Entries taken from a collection
--- START ---

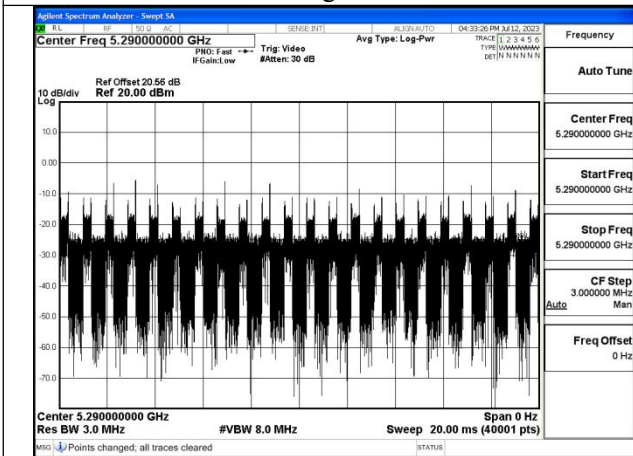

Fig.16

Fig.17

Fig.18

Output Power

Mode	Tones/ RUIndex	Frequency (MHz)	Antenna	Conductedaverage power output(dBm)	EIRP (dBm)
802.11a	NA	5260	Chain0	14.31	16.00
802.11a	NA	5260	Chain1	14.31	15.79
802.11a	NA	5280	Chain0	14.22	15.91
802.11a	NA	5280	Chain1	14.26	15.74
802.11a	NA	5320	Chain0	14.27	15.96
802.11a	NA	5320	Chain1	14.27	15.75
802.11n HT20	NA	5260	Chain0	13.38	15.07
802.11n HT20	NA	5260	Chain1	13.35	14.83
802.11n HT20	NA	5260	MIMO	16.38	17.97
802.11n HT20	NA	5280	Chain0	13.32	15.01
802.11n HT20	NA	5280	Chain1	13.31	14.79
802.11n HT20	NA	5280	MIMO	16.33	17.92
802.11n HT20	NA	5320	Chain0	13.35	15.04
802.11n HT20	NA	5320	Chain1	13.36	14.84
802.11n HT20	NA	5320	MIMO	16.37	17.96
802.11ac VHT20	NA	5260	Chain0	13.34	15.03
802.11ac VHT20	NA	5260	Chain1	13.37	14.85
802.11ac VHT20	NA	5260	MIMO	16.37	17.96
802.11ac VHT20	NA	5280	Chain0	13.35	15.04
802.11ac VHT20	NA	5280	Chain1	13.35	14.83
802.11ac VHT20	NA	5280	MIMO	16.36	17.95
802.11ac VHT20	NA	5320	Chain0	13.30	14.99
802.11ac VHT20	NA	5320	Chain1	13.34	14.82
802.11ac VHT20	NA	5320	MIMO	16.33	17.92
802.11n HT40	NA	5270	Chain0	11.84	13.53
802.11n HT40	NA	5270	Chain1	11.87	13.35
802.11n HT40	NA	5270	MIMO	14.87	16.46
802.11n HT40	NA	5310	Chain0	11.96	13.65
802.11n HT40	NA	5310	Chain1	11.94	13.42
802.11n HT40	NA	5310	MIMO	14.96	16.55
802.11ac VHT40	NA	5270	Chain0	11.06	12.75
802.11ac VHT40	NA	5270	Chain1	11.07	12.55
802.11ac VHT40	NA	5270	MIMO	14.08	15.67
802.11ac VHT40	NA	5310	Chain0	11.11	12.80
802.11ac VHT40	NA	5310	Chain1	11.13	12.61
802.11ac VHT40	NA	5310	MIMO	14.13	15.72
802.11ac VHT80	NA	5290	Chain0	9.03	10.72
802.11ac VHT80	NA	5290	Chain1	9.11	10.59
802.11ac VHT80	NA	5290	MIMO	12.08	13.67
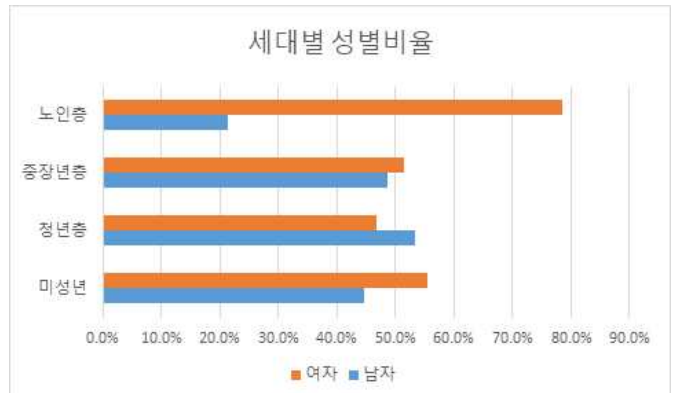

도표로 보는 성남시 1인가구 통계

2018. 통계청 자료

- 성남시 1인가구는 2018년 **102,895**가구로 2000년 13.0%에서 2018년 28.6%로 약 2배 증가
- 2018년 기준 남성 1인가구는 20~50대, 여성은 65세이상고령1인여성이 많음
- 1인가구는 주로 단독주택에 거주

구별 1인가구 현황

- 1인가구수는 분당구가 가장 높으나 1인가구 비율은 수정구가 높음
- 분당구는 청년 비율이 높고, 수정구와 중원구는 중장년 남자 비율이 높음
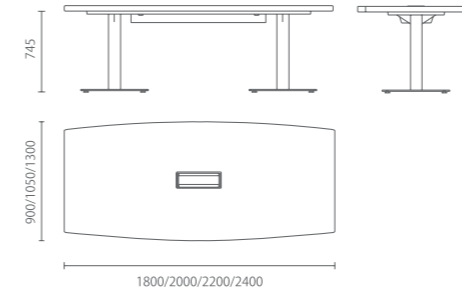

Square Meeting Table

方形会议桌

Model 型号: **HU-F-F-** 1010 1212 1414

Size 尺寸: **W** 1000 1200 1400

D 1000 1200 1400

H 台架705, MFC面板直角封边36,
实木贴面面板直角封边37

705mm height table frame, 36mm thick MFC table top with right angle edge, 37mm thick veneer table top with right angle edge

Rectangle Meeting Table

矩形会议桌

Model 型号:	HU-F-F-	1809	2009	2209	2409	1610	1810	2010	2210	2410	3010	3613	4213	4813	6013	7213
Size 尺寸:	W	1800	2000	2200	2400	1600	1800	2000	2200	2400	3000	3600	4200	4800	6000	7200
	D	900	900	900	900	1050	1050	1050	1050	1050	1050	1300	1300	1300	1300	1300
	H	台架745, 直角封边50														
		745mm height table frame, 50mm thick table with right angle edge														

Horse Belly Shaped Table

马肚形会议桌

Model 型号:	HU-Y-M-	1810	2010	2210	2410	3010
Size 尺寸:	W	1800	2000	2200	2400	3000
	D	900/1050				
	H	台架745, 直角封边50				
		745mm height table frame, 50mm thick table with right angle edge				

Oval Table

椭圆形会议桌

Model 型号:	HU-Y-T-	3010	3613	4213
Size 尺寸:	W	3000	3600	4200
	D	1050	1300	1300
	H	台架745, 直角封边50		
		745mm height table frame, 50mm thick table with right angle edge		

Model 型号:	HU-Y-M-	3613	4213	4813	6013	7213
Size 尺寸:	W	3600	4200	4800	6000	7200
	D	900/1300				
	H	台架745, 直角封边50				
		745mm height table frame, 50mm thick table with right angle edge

--- END ---

Which lines in the records above contain the word "edge"? Copy each one.

705mm height table frame, 36mm thick MFC table top with right angle edge, 37mm thick veneer table top with right angle edge
		745mm height table frame, 50mm thick table with right angle edge														
		745mm height table frame, 50mm thick table with right angle edge				
		745mm height table frame, 50mm thick table with right angle edge		
		745mm height table frame, 50mm thick table with right angle edge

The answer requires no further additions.